::: EXCERPTED RECORDS :::

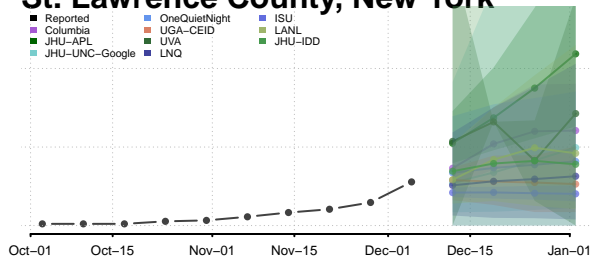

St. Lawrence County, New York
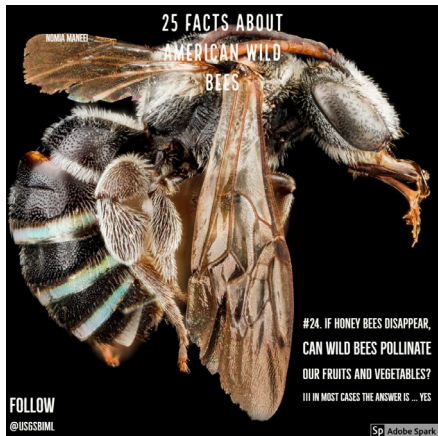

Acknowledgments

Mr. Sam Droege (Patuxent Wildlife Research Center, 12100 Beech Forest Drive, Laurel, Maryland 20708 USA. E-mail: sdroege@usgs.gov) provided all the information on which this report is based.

:::
::: EXCERPTED RECORDS :::

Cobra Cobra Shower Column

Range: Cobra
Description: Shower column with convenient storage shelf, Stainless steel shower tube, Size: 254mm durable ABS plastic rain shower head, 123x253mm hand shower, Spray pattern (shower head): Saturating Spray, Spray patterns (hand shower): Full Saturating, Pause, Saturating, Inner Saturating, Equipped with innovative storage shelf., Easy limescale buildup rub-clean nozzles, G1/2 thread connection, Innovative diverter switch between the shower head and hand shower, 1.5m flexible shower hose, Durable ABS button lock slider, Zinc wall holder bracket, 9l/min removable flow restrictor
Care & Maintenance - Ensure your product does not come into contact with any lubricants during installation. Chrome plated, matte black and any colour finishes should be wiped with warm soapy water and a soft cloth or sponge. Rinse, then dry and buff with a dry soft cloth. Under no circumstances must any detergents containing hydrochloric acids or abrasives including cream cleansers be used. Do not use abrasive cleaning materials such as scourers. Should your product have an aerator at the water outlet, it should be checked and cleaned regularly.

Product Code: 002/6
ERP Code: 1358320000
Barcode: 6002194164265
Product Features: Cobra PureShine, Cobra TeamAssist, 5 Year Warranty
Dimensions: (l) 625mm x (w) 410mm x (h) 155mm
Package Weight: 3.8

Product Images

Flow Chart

:::

# EXERCISE OBJECTIVE:
Among the lines of the listing above, which ones contain the word "Cobra"? Show them.

# ANSWER SECTION:
Cobra Cobra Shower Column
Range: Cobra
Product Features: Cobra PureShine, Cobra TeamAssist, 5 Year Warranty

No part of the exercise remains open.